このノードはメッシュのデータを保持する Shape ノードです。
p フラグによって、この mesh ノードの親ノードを直前に作成した Transform ノードに設定します。
plane.out >> mesh.i
- polyPlane ノードの out (output) アトリビュートを mesh ノードの i (inMesh) アトリビュートにコネクトします。
これで、polyPlane ノードが mesh ノードの Input ノードになります。
pymel.core.connectAttr(mesh + '.iog', 'initialShadingGroup.dsm', na=True)
- mesh ノードの iog (instObjGroups) アトリビュートを
initialShadingGroup ノードの dsm (dagSetMembers) アトリビュートにコネクトします。
これによって、ポリゴンプレーンがレンダリング可能になります。
フラグ na=True (nextAvailable=True) によって、
配列アトリビュート dsm の空いているインデックスに
mesh ノードの iog アトリビュートがコネクトされます。
ここでは>>演算子は使用できません。
naオプションを使う必要があるからです。
練習
- deleteEdge1.py という Python スクリプトを作り、
選択されているポリゴンのエッジを削除できるようにしてみましょう。
ただし、 select() 、 delete() や polyDelEdge()
関数を使用しないで、
deleteComponent ノードを作ることで実行できるようにします。
deleteEdge1.py には、以下の関数を定義します。
def deleteEdge1(num):
引数 num は、消去したいエッジの番号です。
(実行例)
- ポリゴンのオブジェクトを作り、選択された状態にしておきます。
- スクリプト エディタ の によって deleteEdge1.py を読み込んで、テンキーの Enter キーなどで実行します。
- 以下のようにスクリプト エディタのインプットウインドウに入力して、実行します。
deleteEdge1(3)
- ポリゴンのオブジェクトから、3 番のエッジ(e[3])が消去されます。
(ヒント)
以下の手順で実行します。
- 選択されているポリゴンオブジェクトの名前を調べます。
pymel.core.ls(sl=True)
この関数の返り値はリストになります。
- 選択されているポリゴンオブジェクトの、
i アトリビュートにコネクトされているアトリビュートを調べます。
pymel.core.listConnections(選択されているポリゴンオブジェクト.i, p=True)
フラグ p=True は、
コネクトされているアトリビュート名を返すためのものです。
このフラグが無いと、オブジェクト名が返されます。
この関数の返り値はリストになります。
- 選択されているポリゴンオブジェクトの i アトリビュートのコネクトを解除します。

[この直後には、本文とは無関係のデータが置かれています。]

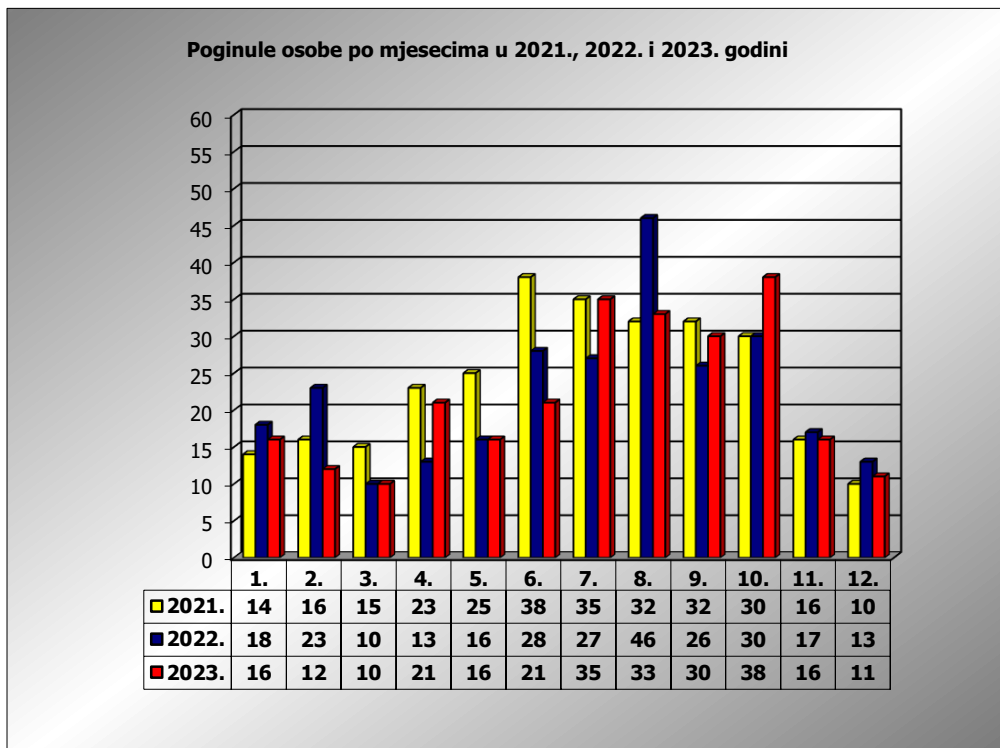

**PRIKAZ POGINULIH OSOBA U PROMETNIM NESREĆAMA U 2023.
GODINI U REPUBLICI HRVATSKOJ PO MJESECIMA**
(usporedba s 2021. i 2022. godinom)

mjesec	poginuli			2023./2021.		2023./2022.	
	2021. g.	2022. g.	2023. g.				
siječanj	14	18	16	14,3%	2	-11,1%	-2
veljača	16	23	12	-25,0%	-4	-47,8%	-11
ožujak	15	10	10	-33,3%	-5	0,0%	0
travanj	23	13	21	-8,7%	-2	61,5%	8
svibanj	25	16	16	-36,0%	-9	0,0%	0
lipanj	38	28	21	-44,7%	-17	-25,0%	-7
srpanj	35	27	36	2,9%	1	33,3%	9
kolovoz	32	46	33	3,1%	1	-28,3%	-13
rujan	32	26	30	-6,3%	-2	15,4%	4
listopad	30	30	38	26,7%	8	26,7%	8
studeni	16	17	16	0,0%	0	-5,9%	-1
prosinac	10	13	11	10,0%	1	-15,4%	-2
I - III	45	51	38	-15,6%	-7	-25,5%	-13
I - VI	131	108	96	-26,7%	-35	-11,1%	-12
I - IX	230	207	195	-15,2%	-35	-5,8%	-12
I - XI	276	254	249	-9,8%	-27	-2,0%	-5
I - XII	286	267	260	-9,1%	-26	-2,6%	-7

XII. mjesec - podaci s danom 20.12.2021., 2022. i 2023.

listConnectionsで調べたアトリビュート // 選択されているポリゴンオブジェクト.i
- deleteComponent ノードを作成します。
pymel.core.createNode('deleteComponent')
- 2. で調べたアトリビュートと、
deleteComponent ノードの ig アトリビュートをコネクトします。
listConnectionsで調べたアトリビュート >> deleteComponentのノード.ig
- deleteComponent ノードの og アトリビュートを、
選択されているポリゴンオブジェクトの i アトリビュートにコネクトします。
deleteComponentのノード.og >> 選択されているポリゴンオブジェクト.i
- deleteComponent ノードの dc アトリビュートに、削除するエッジを設定します。
deleteComponentノード.dc.set(引数1, 引数2, フラグ)
set() の引数とフラグは、以下のようになります。
- 引数 1 (整数)
削除するエッジの個数
1
- 引数 2 (文字列)
'e[' + str(削除するエッジ番号) + ']'
str() 関数は、数値を文字列に変換します.
- フラグ
type フラグに文字列 'componentList' を引数として与えます。